Task description
Go through the listing below and say how many lines include "Data". Give the number by itself.
------------------------------------------------
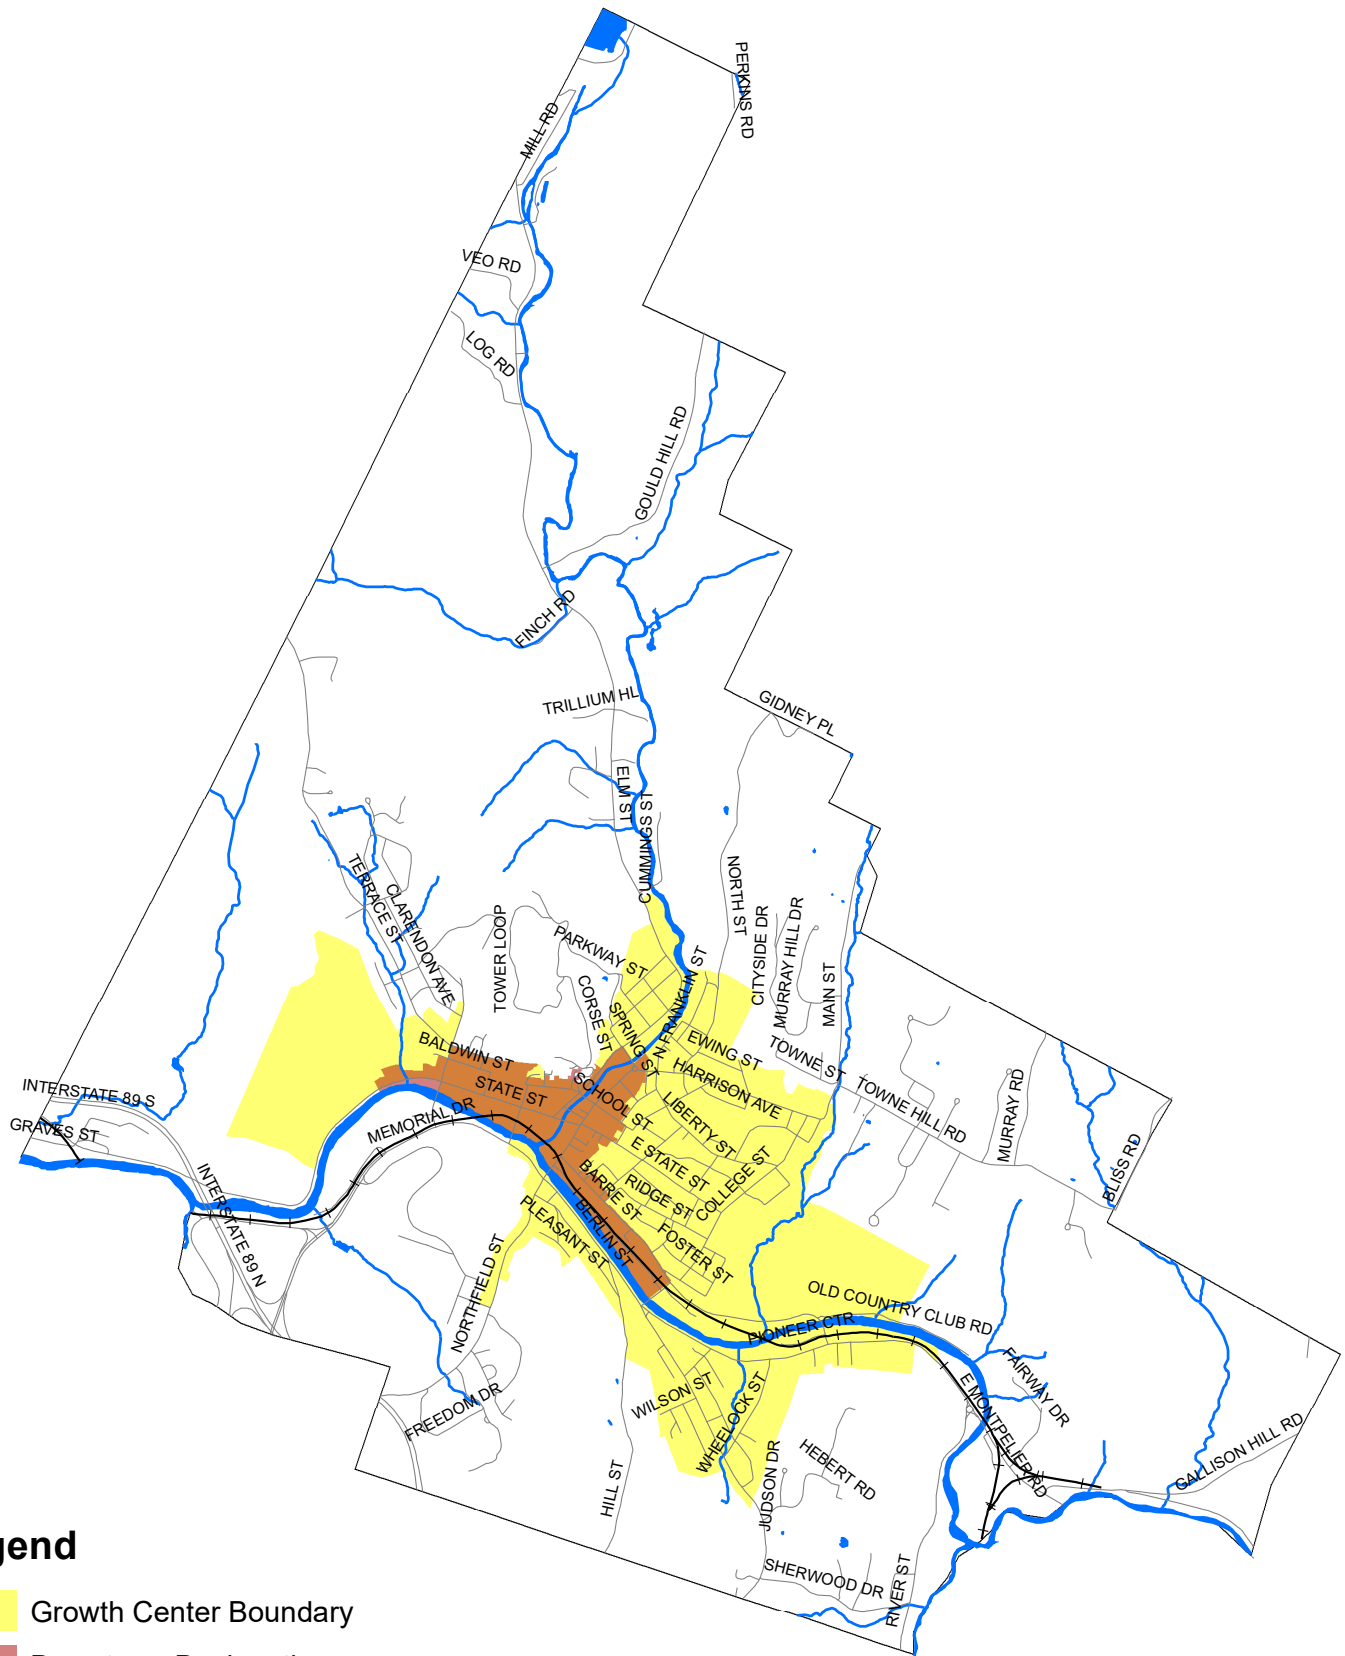

## Legend

- Growth Center Boundary
- Downtown Designation
- Railroad
- Roads
- Rivers, Lakes, and Ponds
- Streams

Map created by CVRPC 11/7/2019  
 This map is for planning purposes only.  
 Data is only as accurate as the original sources.  
 This map may contain errors and or omissions.
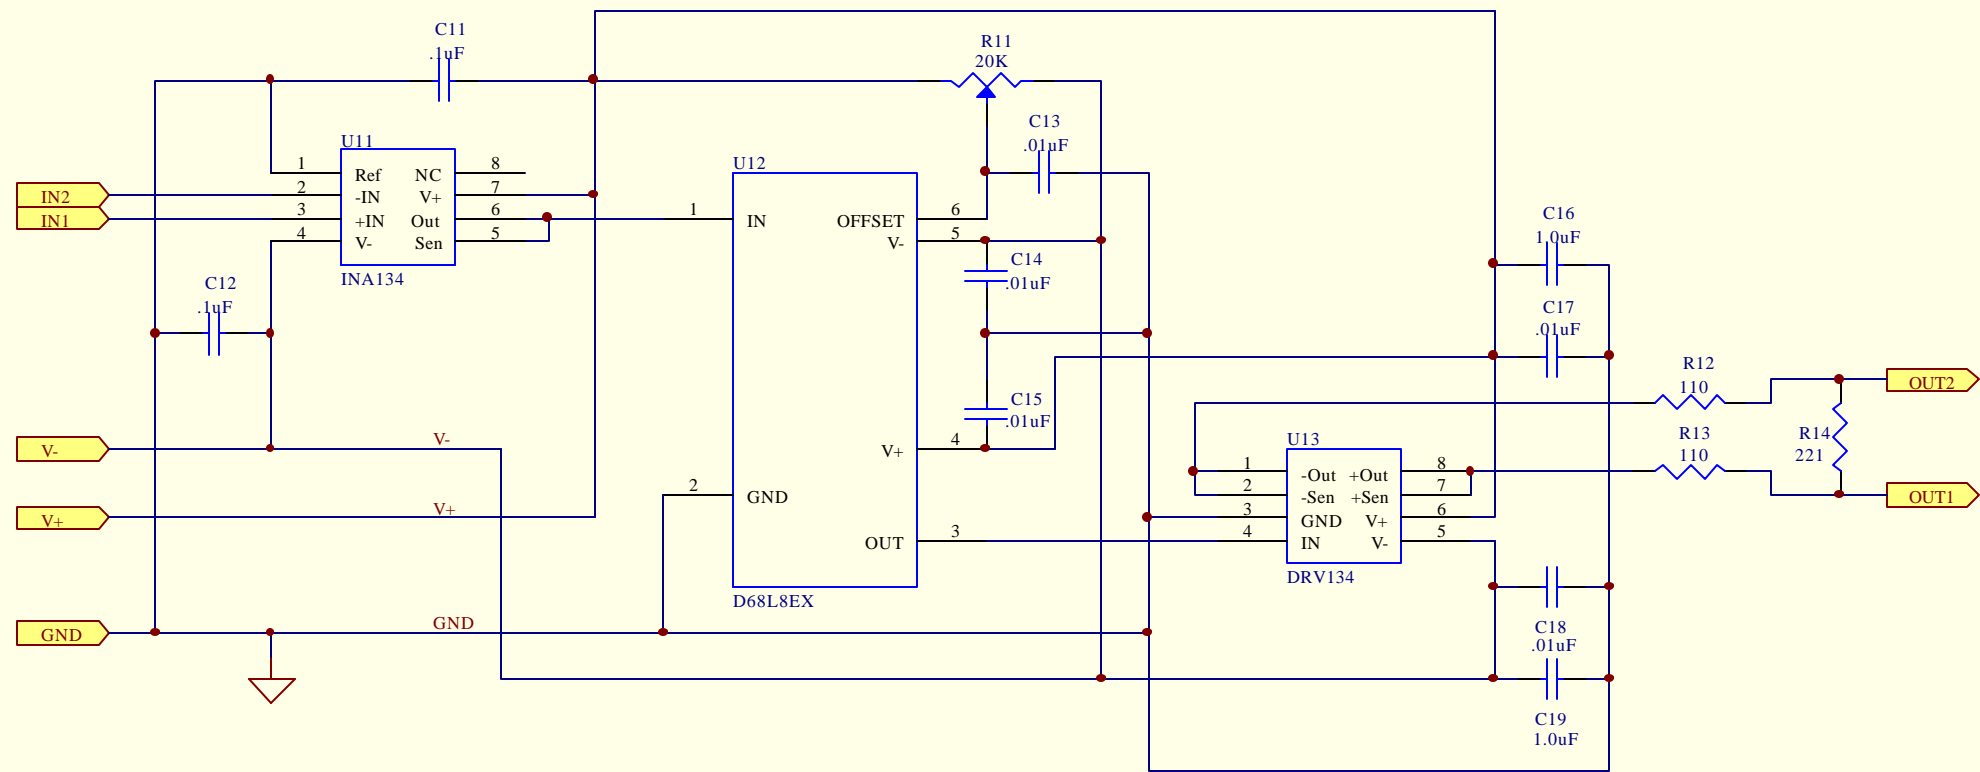

Data Acquisition System Antialiasing Filters - LEMO		
Doc No	D990147-A-C	Revision A
Author		
Checked		
Released		

Title			ANTIALIASING FILTER - LEMO VERSION		
Size	Number	Revision			
A	D990147-A-C	A			
Date:	14-Mar-2000	Sheet of	2 of 33		
File:	C:\Temp\Antialis\Lemo\Sch\Daq-dif1.DDB	Drawn By:	SANDER LIU		
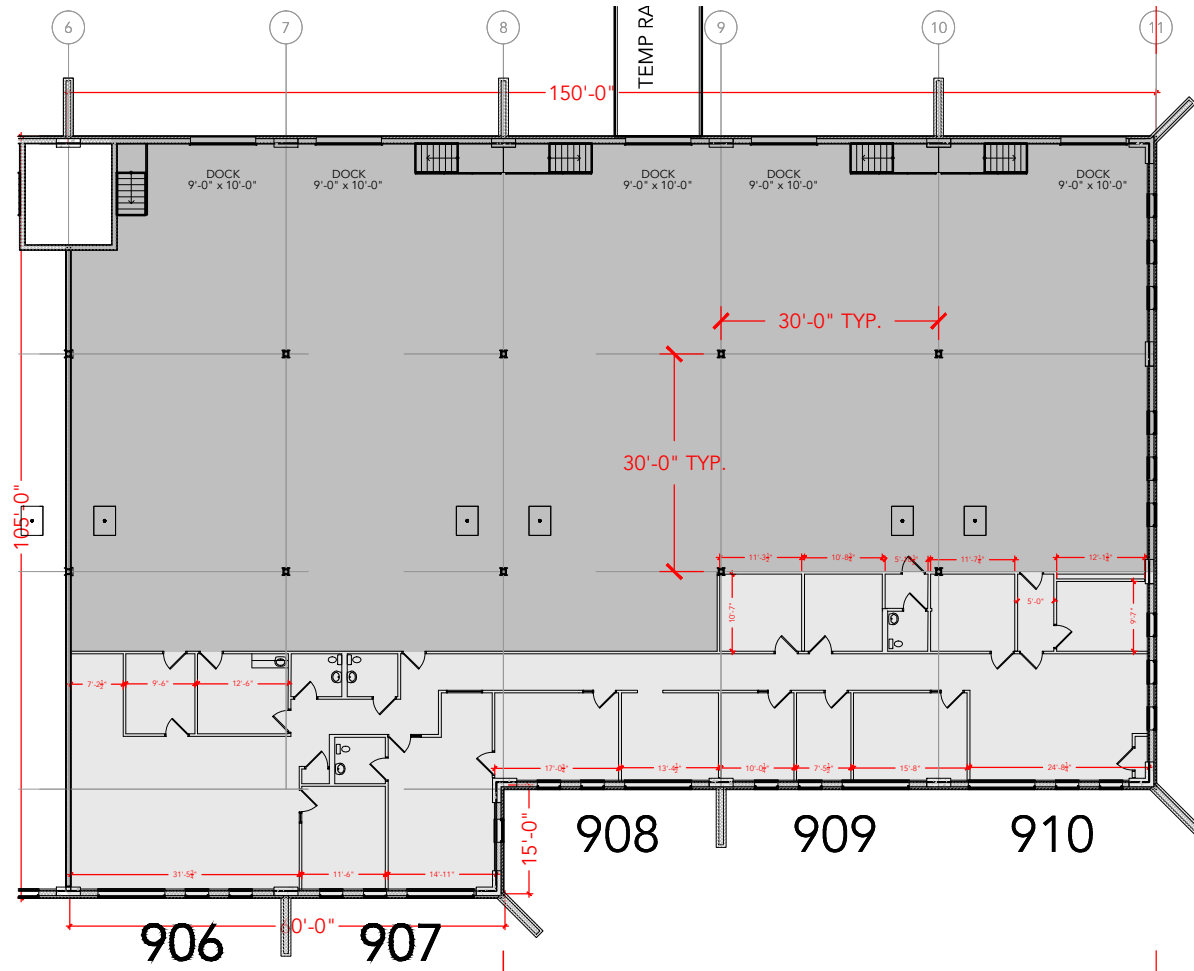

TOTAL SF AVAILABLE - 14,310 SF

OFFICE - 4,390 SF

WAREHOUSE - 9,920 SF

[Click to access 3D model](#)

Key Plan

Floor Plan
------------------------------------------------
Solution for this task
2